*** Supplied entries Section Begins ***
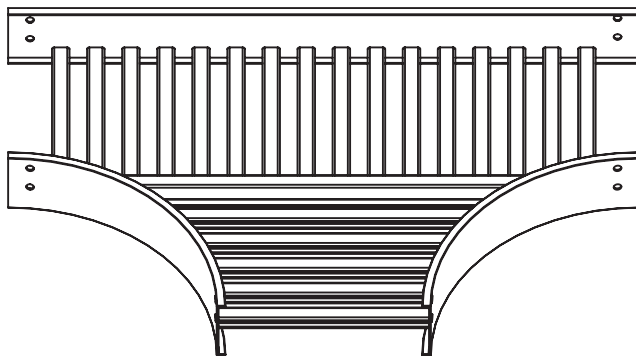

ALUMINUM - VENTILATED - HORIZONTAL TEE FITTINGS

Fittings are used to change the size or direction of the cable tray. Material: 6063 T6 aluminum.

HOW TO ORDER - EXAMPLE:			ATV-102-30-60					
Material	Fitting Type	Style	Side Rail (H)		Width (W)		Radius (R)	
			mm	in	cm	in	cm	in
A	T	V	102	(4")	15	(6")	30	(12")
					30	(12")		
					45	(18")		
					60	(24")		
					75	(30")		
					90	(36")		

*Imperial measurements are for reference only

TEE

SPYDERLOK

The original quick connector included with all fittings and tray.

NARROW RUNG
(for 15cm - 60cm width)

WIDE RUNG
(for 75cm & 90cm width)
*** Supplied entries Section Ends ***
*** Supplied entries Section Begins ***
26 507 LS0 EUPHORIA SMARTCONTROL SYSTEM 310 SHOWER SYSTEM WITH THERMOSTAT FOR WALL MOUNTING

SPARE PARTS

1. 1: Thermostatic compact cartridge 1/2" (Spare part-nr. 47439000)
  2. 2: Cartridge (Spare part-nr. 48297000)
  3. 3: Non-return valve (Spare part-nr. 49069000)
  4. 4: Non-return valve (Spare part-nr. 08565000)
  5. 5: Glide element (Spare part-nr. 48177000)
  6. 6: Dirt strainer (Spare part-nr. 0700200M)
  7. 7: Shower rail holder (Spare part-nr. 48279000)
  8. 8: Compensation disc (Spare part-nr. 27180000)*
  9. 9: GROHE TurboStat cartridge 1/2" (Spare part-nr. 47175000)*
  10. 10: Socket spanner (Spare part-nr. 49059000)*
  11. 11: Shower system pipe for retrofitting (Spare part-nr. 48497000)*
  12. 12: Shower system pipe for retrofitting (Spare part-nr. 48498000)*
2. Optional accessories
*** Supplied entries Section Ends ***
Restate word for word the entries above from the line with "for reference only" through the line with "(for 75cm & 90cm width)", inclusive, leaving out everything else.

◆ **Output below**:
*Imperial measurements are for reference only

TEE

SPYDERLOK

The original quick connector included with all fittings and tray.

NARROW RUNG
(for 15cm - 60cm width)

WIDE RUNG
(for 75cm & 90cm width)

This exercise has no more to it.